Input data:
* * * * * * * * *
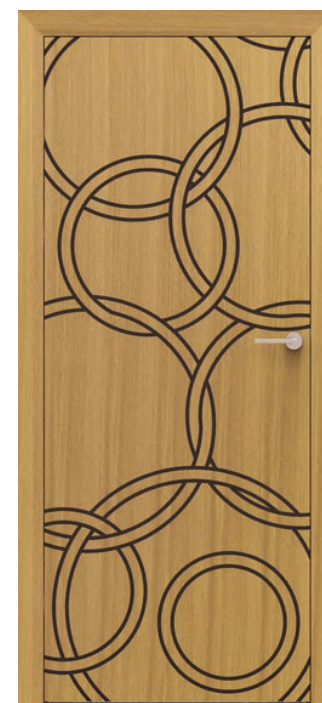

na ościeżnicy
bez górnej belki

BARI BLACK

[Powrót do spisu treści](#) ↑

BARI BLACK 4
NATURA dąb forto

zbliżenie na frez

BARI BLACK 5
NATURA dąb forto

BARI BLACK 6
NATURA dąb forto

CENA: od 3935 zł brutto
cena dotyczy kompletu skrzydła + ościeżnicy
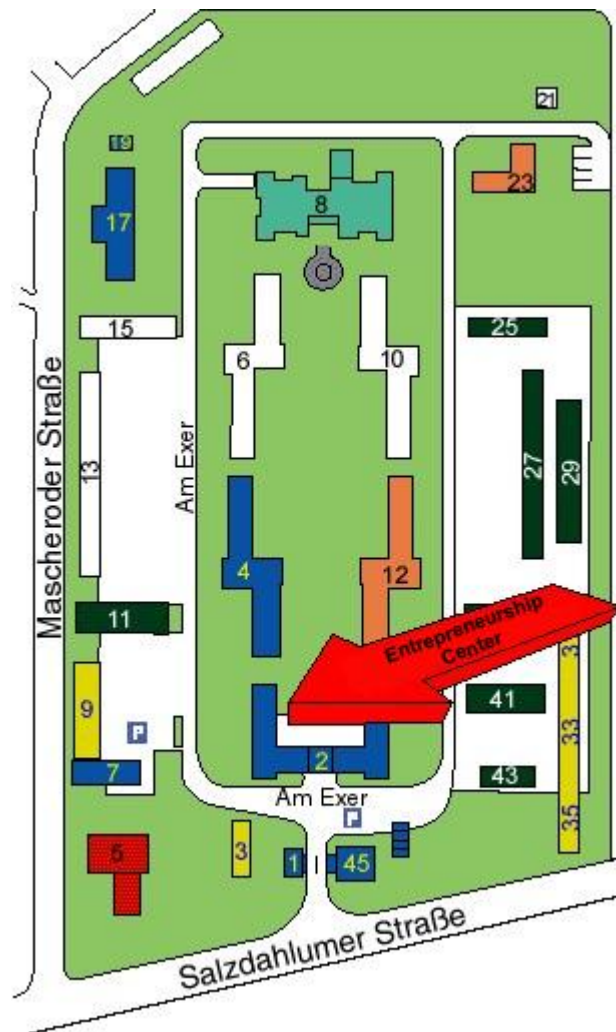

Anfahrtsbeschreibung Entrepreneurship Center

So finden Sie uns in der Region:

Aus Richtung Braunschweig (B79 - "Neuer Weg")

- Folgen Sie der Beschilderung Richtung „Hochschule“ und fahren Sie an der 2. Ampel links in die Salzdhahumer Straße.
- Bleiben Sie auf der Salzdhahumer Straße und fahren Sie vorbei am Hauptgebäude der Ostfalia.
- Folgen Sie der Straße noch ca. 1 km und biegen Sie dann links auf den Campus "Am Exer" ein (große Toreinfahrt der alten englischen Kaserne).
- Fahren Sie geradeaus durch die Toreinfahrt. Im Innenhof finden Sie Parkplätze.
- Den Eingang zum Gebäude 2d finden Sie auf der linken Seite des Innenhofes. Das Entrepreneurship Center befindet sich im 2. OG. Herzlich willkommen!

So finden Sie uns auf dem Campus „Am Exer“:

Unsere Adresse bei Rückfragen:

Ostfalia Hochschule für angewandte Wissenschaften
Entrepreneurship Center

(Campus "Am Exer", Gebäude 2d)
Am Exer 2d
38302 Wolfenbüttel
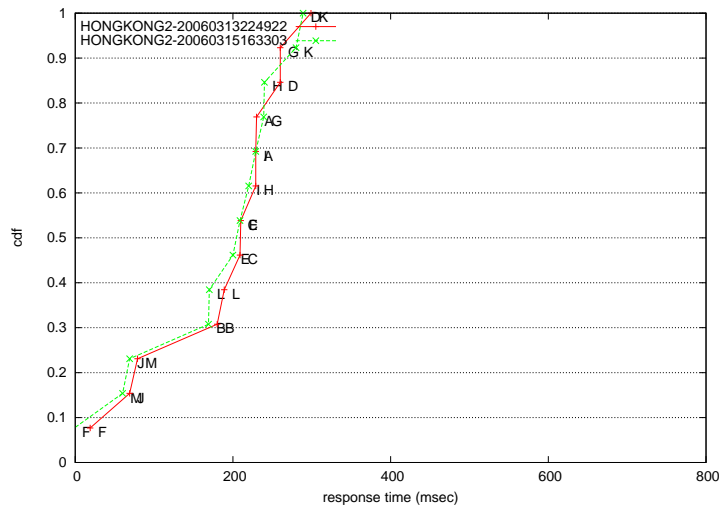

表 1: 計測地点

国名	ダイヤルアップした都市の数	ダイヤルアップ回数
中国	5	6
香港	1	2
インド	2	3
インドネシア	4	4
韓国	2	4
マレーシア	3	4
シンガポール	1	6
スリランカ	2	5
台湾	1	1
フィリピン	5	5

グラフで1回のダイヤルアップ結果を示す。また、CDF グラフ上の A から M までのアルファベットで Root DNS サーバの種類を示す。なお、1回のダイヤルアップにて行った複数回の dnsprobe における中間値をグラフの値として用いた。

図 2: 中国からの計測結果

図 3: 香港からの計測結果

図 4: インドからの計測結果

図 5: インドネシアからの計測結果

図 6: 韓国からの計測結果

図 7: マレーシアからの計測結果

図 8: シンガポールからの計測結果

図 9: スリランカからの計測結果

図 10: 台湾からの計測結果

3 考察

今回の計測は、アジア各国を中心に行った。その結果、有効な結果が得られた国のうち、スリランカとインドを除けば、最も RTT の小さい Root

DNS サーバは 100ms 以下で応答することがわかった。これは予想よりも良好な結果であると言える。特に、シンガポールや香港、中国、韓国の結果から見てとれるように、エニーキャストによる Root DNS サーバの運用が有効に機能していることがわかる。
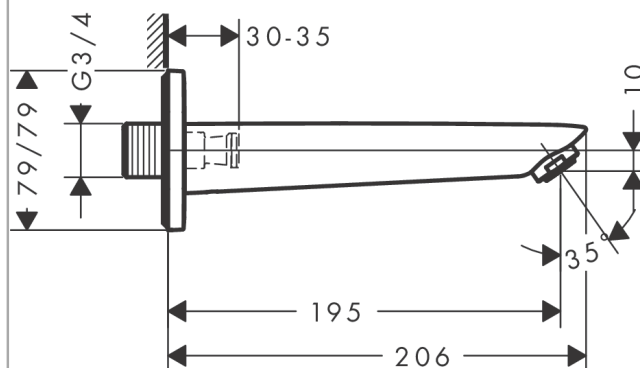

Logis

Izljev za kadu

Završna obrada: **Krom** Broj artikla: **71410000**

Opis

Značajke proizvoda

- G $\frac{3}{4}$
- s rozetom
- projekcija: 195 mm
- montaža na zid
- maksimalni protok pri 3 bara: 21 l/min
- vrste mlaza: normalan mlaz

Tehnologija

Certifikati / Održivost

Slika proizvoda

Mjerna skica

Dijagram protoka
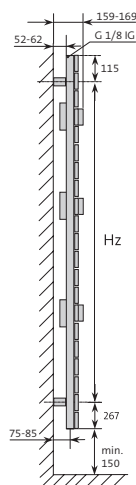

widok z przodu

widok z boku

opcjonalne zestawy kolorów

typ	moc [W] 75/65/20°C	moc [W] 55/45/20°C	H [mm]	L [mm]	zawieszania		Lp [mm]	pojemność wodna [dm³]	masa [kg]	liczba poziomych kolektorów	kod zamówienia (wersja lewostronna)
					Lz [mm]	Hz [mm]					
EVI 14 06	758	414	1357	600	100	975	50	7,5	25	16	F96A0135060G0340
EVI 17 06	896	485	1657	600	100	1275	50	10,3	30	19	F96A0165060G0340
Grzejniki Evia są dostępne także w wersji prawej											kod zamówienia (wersja prawostronna)
EVI 14 06	758	414	1357	600	100	975	50	7,5	25	16	F96A0135060D0340
EVI 17 06	896	485	1657	600	100	1275	50	10,3	30	19	F96A0165060D0340

Moc cieplna grzejników (W) według normy PN-EN 442 dla parametrów 75/65/20 °C i 55/45/20 °C.

dane techniczne:

- **Materiał:** wysokiej jakości profil stalowy
- **Wyposażenie podstawowe:** zawieszania o regulowanej odległości od ściany, uchylnie kolektory poziome jako wieszaki, korek i odpowietrznik.
- **Podłączenie:** 2 otwory z gwintem wewnętrznym 1/2"
- **Maxymalne ciśnienie robocze:** 4 bary
- **Temperatura maksymalna:** 110°C
- **Czynnik grzewczy:** woda
- **Kolor:** biały RAL 9016, pozostałe kolory z palety Rettig 2016 na zamówienie
- **Gwarancja:** 10 lat
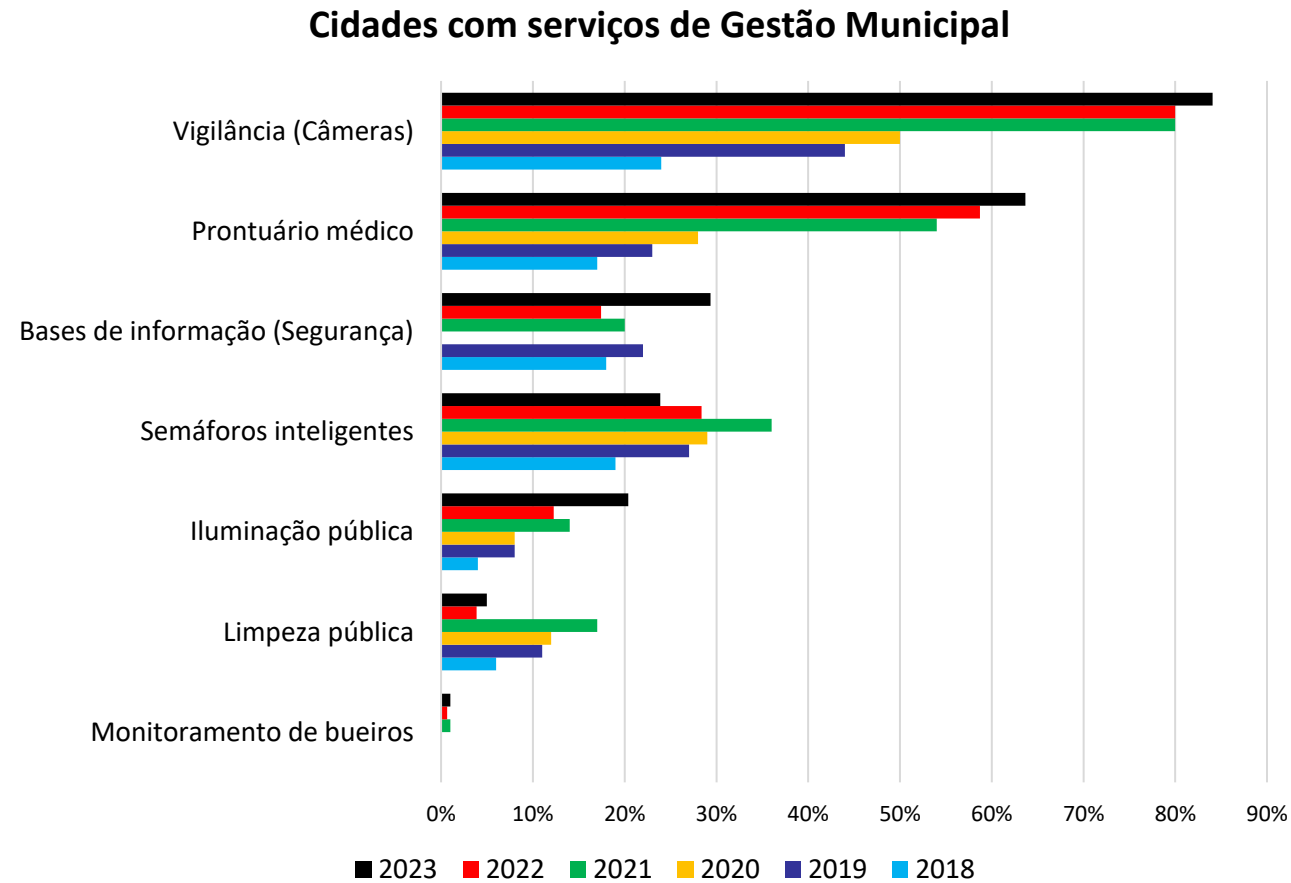

Todas as cidades têm algum serviço inteligente

Cidades com serviços de Educação/Saúde

Cidades com serviços de Meio Ambiente

Indicadores do Ranking das Cidades Com Serviços Inteligentes (RCSI)

Indicadores	
Gestão Municipal	<ul style="list-style-type: none">• Semáforos inteligentes• Vigilância (Câmeras)• Bases de informação (Segurança)• Monitoramento de bueiros• Prontuário médico• Iluminação pública• Limpeza pública

Indicadores de serviços de Gestão Municipal

- Destaque para câmeras de vigilância, presentes em 84% cidades

Ranking 2023 Completo - 1 a 16

UF	Cidades	Ranking Final	Nota Final	Ranking Serviços Inteligentes	Serviços Inteligentes	Ranking Cidades Amigas 2022	Cidades Amigas Nota 2022
PR	Curitiba	1	3,5	1	3,4	53	3,8
MG	Uberlândia	2	3,3	3	3,2	20	4,1
MG	Belo Horizonte	3	3,2	2	3,2	122	3,3
CE	Fortaleza	4	3,2	4	3,1	76	3,6
SP	Santo André	5	3,2	5	3,0	57	3,8
RS	Porto Alegre	6	3,1	7	2,9	8	4,3
SP	Sorocaba	7	3,1	6	2,9	54	3,8
MS	Campo Grande	8	3,1	8	2,8	14	4,1
SP	São Bernardo do Campo	9	3,0	9	2,8	80	3,6
SP	Pindamonhangaba	10	2,9	13	2,5	3	4,5
SP	Suzano	11	2,9	10	2,7	91	3,6
SP	São Paulo	12	2,8	12	2,5	32	4,0
ES	Vitória	13	2,8	11	2,6	112	3,4
PE	Recife	14	2,7	14	2,5	66	3,7
AM	Manaus	15	2,7	15	2,4	58	3,8
SP	Osasco	16	2,7	16	2,4	52	3,8
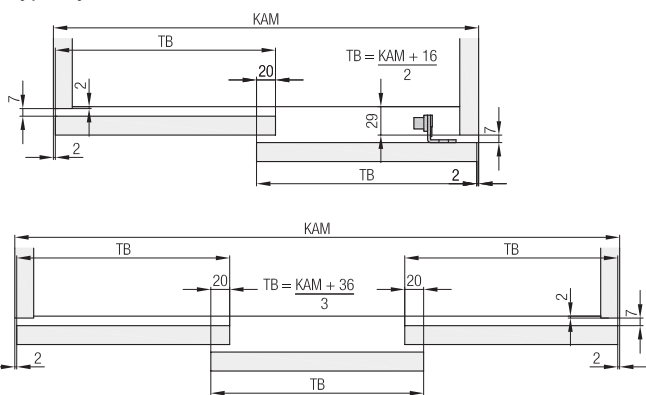

Sada kování pro 2-3 dřevěné dveře do 35 kg. Spodní pojezdová kolejnice k přišroubování. Tlumení volitelné. Design Forslide

výpočty

příklad zabudování

technické změny vyhrazeny

COMBINO 20

38

COMBINO 35

19
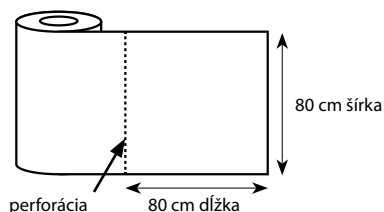

### Skladanie obrúskov:

 na štvrtinku

 na osminku

Skladanie  
obráskov  
do zásobníku:

Návin, perforácia:

**88617**  
Naperon PREMIUM  
žltozelený  
80 x 80 cm

**Symboly:**

Doba horenia za obvyklých podmienok
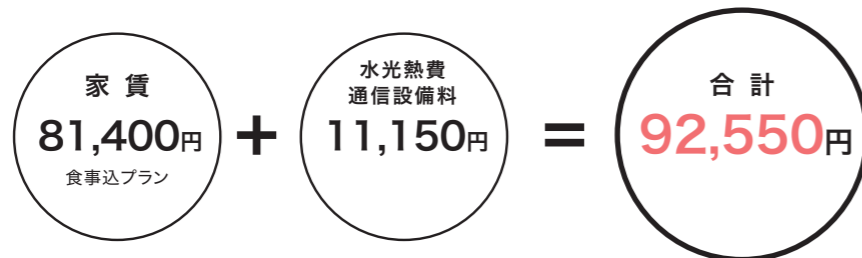

※食費：1ヶ月でかかる食事の費用目安です。

※その他：交際費、交通費、書籍代、携帯代、ネット代など。

※月額費用は当社調べです。イメージとしてご覧ください。

※物件によって大きく違う場合があります。契約希望の物件をよく確認してください。

就学支援プログラムで  
(館費分割払い制度)

まとめて月7・5・3万円の  
定額払いにできます。

▶詳しくはP22へ

# 生活費の支出シミュレーション

前ページ「ドリー」の生活を元に親子それぞれの支出内訳を出しました。  
参考にしてみましょう。

## 親の支出

豆知識  
首都圏  
仕送り平均額  
約90,000円
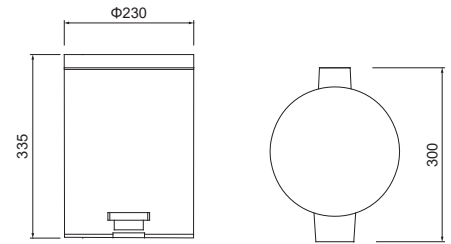

Корзина для мусора с педалью, 8 л

- Размер 230×300×335 мм
- Объем 8л
- Основной материал: нержавеющая сталь
- В комплекте: корзина с педалью и крышкой
- Напольная, свободностоящая
- Гарантия 5 лет
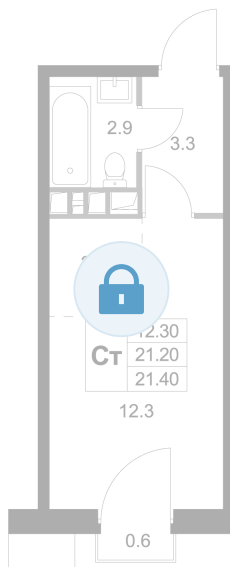

Номер: K203

Студия 21.4 м²

Отсканируйте QR-код и
смотрите на сайте
legendamarusino.ru

Цена по запросу

Двор

С балконом

Старт продаж

Корпус	1.2	Этаж	4
Секция	5	Сдача	4 кв. 2026

30.05.2026 23:42 (Мск)

Не является публичной офертой, цена может быть скорректирована.
Информация взята с сайта «legendamarusino.ru».

На этаже 4

Студия 21.4 м²

30.05.2026 23:42 (Мск)

Не является публичной офертой, цена может быть скорректирована.

Информация взята с сайта «legendamarusino.ru».

На генплане 1.2

Студия 21.4 м²

30.05.2026 23:42 (Мск)

Не является публичной офертой, цена может быть скорректирована.
Информация взята с сайта «legendamarusino.ru».
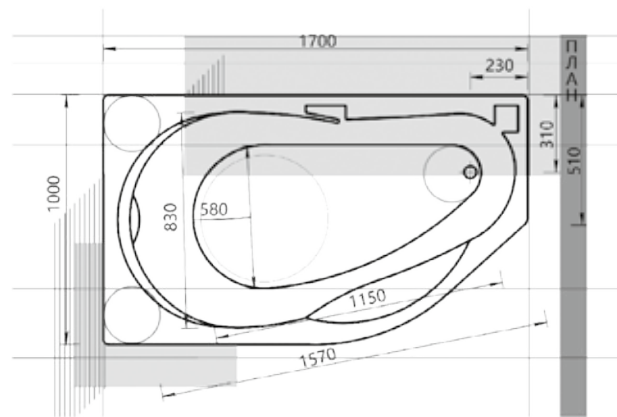

ТАУРУС

16

Материал сантех. акрил
Высота 67–77 см
Глубина 49 см
Длина 170 см
Внутр. размер дна 115 см
Внутр. размер ванны 157 см
Ширина 100 см
Внутренняя ширина 83 см
Макс. емкость 270 л
Фронтальный экран 1 шт.
Боковой экран 1 шт.
Кол-во боковых форсунок 6 шт.
Вес 45 кг
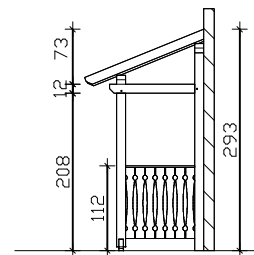

Paderborn Vordach Pultdach
Datenblatt / Baubeschreibung

Paderborn

Holzart / Eisenteile	Nadelholz, unbehandelt / verzinkt
Pfosten / Sparren	12x12cm / 6x12cm
Dacheindeckung	Schalung 2x12cm / Dachneigung 22°
Breite x Tiefe	242cmx156cm (überdachte Fläche)
Höhe / Durchgang	293cm / 220cm (Objekthöhen 202cm / 280cm / 293cm / 293cm)
Verpackungseinheit	B x L x H 112 x 260-310 x 35cm
Gewicht	180kg / 200kg / 210kg / 235kg
Inklusive	Montagematerial, Kopfbänder, Aufbauanleitung (ohne Dübel zur Wandbefestigung, ohne Wandabdichtungsprofile)

4018211 206155

4018211 206162

Seitenansichten

Frontansichten

Grundrisse

M 1:100

Paderborn Vordach Pultdach
Datenblatt / Baubeschreibung

Holzart / Eisenteile	Nadelholz, unbehandelt / verzinkt
Pfosten / Sparren	12x12cm / 6x12cm
Dacheindeckung	Schalung 2x12cm / Dachneigung 22°
Breite x Tiefe	336cm x 156cm (überdachte Fläche)
Höhe / Durchgang	293cm / 220cm (Objekthöhen 293cm / 293cm)
Verpackungseinheit	B x L x H 112 x 340 x 40cm
Gewicht	335kg / 320kg
Inklusive	Montagematerial, Kopfbänder, Aufbauanleitung (ohne Dübel zur Wandbefestigung, ohne Wandabdichtungsprofile)

4018211 206179

4018211 206186

Seitenansichten

Frontansichten

Grundrisse

M 1:100

**Paderborn Vordach Pultdach
Datenblatt / Baubeschreibung**

Holzart / Eisenteile	Nadelholz, unbehandelt / verzinkt
Pfosten / Sparren	12x12cm / 6x12cm
Dacheindeckung	Schalung 2x12cm / Dachneigung 22°
Breite x Tiefe	336cm x 202cm (überdachte Fläche)
Höhe / Durchgang	315cm / 220cm (Objekthöhen 315cm / 315cm)
Verpackungseinheit	B x L x H 112 x 345 x 40cm
Gewicht	395kg / 375kg
Inklusive	Montagematerial, Kopfbänder, Aufbauanleitung (ohne Dübel zur Wandbefestigung, ohne Wandabdichtungsprofile)
* * * * * * * * *
Exercise description: Please retype, exactly and with the pictures left out, the lines from the line containing "Фронтальный экран 1 шт." through the last line of the records above.

Result of the exercise:
Фронтальный экран 1 шт.
Боковой экран 1 шт.
Кол-во боковых форсунок 6 шт.
Вес 45 кг

Paderborn Vordach Pultdach
Datenblatt / Baubeschreibung

Paderborn

Holzart / Eisenteile	Nadelholz, unbehandelt / verzinkt
Pfosten / Sparren	12x12cm / 6x12cm
Dacheindeckung	Schalung 2x12cm / Dachneigung 22°
Breite x Tiefe	242cmx156cm (überdachte Fläche)
Höhe / Durchgang	293cm / 220cm (Objekthöhen 202cm / 280cm / 293cm / 293cm)
Verpackungseinheit	B x L x H 112 x 260-310 x 35cm
Gewicht	180kg / 200kg / 210kg / 235kg
Inklusive	Montagematerial, Kopfbänder, Aufbauanleitung (ohne Dübel zur Wandbefestigung, ohne Wandabdichtungsprofile)

4018211 206155

4018211 206162

Seitenansichten

Frontansichten

Grundrisse

M 1:100

Paderborn Vordach Pultdach
Datenblatt / Baubeschreibung

Holzart / Eisenteile	Nadelholz, unbehandelt / verzinkt
Pfosten / Sparren	12x12cm / 6x12cm
Dacheindeckung	Schalung 2x12cm / Dachneigung 22°
Breite x Tiefe	336cm x 156cm (überdachte Fläche)
Höhe / Durchgang	293cm / 220cm (Objekthöhen 293cm / 293cm)
Verpackungseinheit	B x L x H 112 x 340 x 40cm
Gewicht	335kg / 320kg
Inklusive	Montagematerial, Kopfbänder, Aufbauanleitung (ohne Dübel zur Wandbefestigung, ohne Wandabdichtungsprofile)

4018211 206179

4018211 206186

Seitenansichten

Frontansichten

Grundrisse

M 1:100

**Paderborn Vordach Pultdach
Datenblatt / Baubeschreibung**

Holzart / Eisenteile	Nadelholz, unbehandelt / verzinkt
Pfosten / Sparren	12x12cm / 6x12cm
Dacheindeckung	Schalung 2x12cm / Dachneigung 22°
Breite x Tiefe	336cm x 202cm (überdachte Fläche)
Höhe / Durchgang	315cm / 220cm (Objekthöhen 315cm / 315cm)
Verpackungseinheit	B x L x H 112 x 345 x 40cm
Gewicht	395kg / 375kg
Inklusive	Montagematerial, Kopfbänder, Aufbauanleitung (ohne Dübel zur Wandbefestigung, ohne Wandabdichtungsprofile)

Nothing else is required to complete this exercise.